━━ EXERCISE DATA ━━

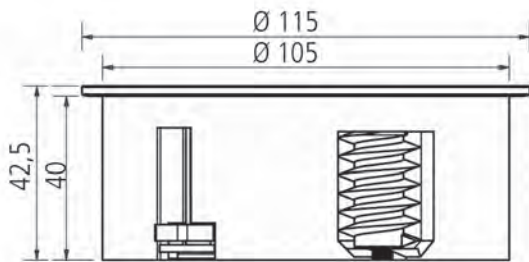

### Leistungsdaten:

Abmessung:	146 x 71 x 46 mm
Ausschnitt:	135 x 60 mm
Enbautiefe:	46 mm
Stromstärke:	16A

### Leistungsdaten:

Abmessung:	244 x 118 x 74 mm
Ausschnitt:	223 x 112 mm
Einbautiefe:	74 mm
Stromstärke:	16A

### Alfrik Steckdosenelement

Ausführung	Bestell-Nr.	inkl. MwSt.	exkl. MwSt.
3-fach	730681	<b>271,00</b>	225,83
2-fach USB	730682	<b>283,00</b>	235,83

Twist Steckdosenelement mit drehbarem Deckel  
 Einbauhöhe nur 40 mm, Einbau über Schubladen möglich  
 Kabelführung nach unten und seitlich möglich  
 einfache Montage, Befestigung von oben  
 integrierter Wasserablauf  
 Anschlussleitung 2 m, Schukostecker lose beigelegt

### Leistungsdaten:

Abmessung:	Ø 115 mm
Ausschnitt:	Ø 105 mm
Einbautiefe:	40 mm
Stromstärke:	16A

━━━

PROBLEM TO SOLVE =
Everything in the records must be returned exactly, except the pictures.

TASK SOLUTION =
### Leistungsdaten:

Abmessung:	146 x 71 x 46 mm
Ausschnitt:	135 x 60 mm
Enbautiefe:	46 mm
Stromstärke:	16A

### Leistungsdaten:

Abmessung:	244 x 118 x 74 mm
Ausschnitt:	223 x 112 mm
Einbautiefe:	74 mm
Stromstärke:	16A

### Alfrik Steckdosenelement

Ausführung	Bestell-Nr.	inkl. MwSt.	exkl. MwSt.
3-fach	730681	<b>271,00</b>	225,83
2-fach USB	730682	<b>283,00</b>	235,83

Twist Steckdosenelement mit drehbarem Deckel  
 Einbauhöhe nur 40 mm, Einbau über Schubladen möglich  
 Kabelführung nach unten und seitlich möglich  
 einfache Montage, Befestigung von oben  
 integrierter Wasserablauf  
 Anschlussleitung 2 m, Schukostecker lose beigelegt

### Leistungsdaten:

Abmessung:	Ø 115 mm
Ausschnitt:	Ø 105 mm
Einbautiefe:	40 mm
Stromstärke:	16A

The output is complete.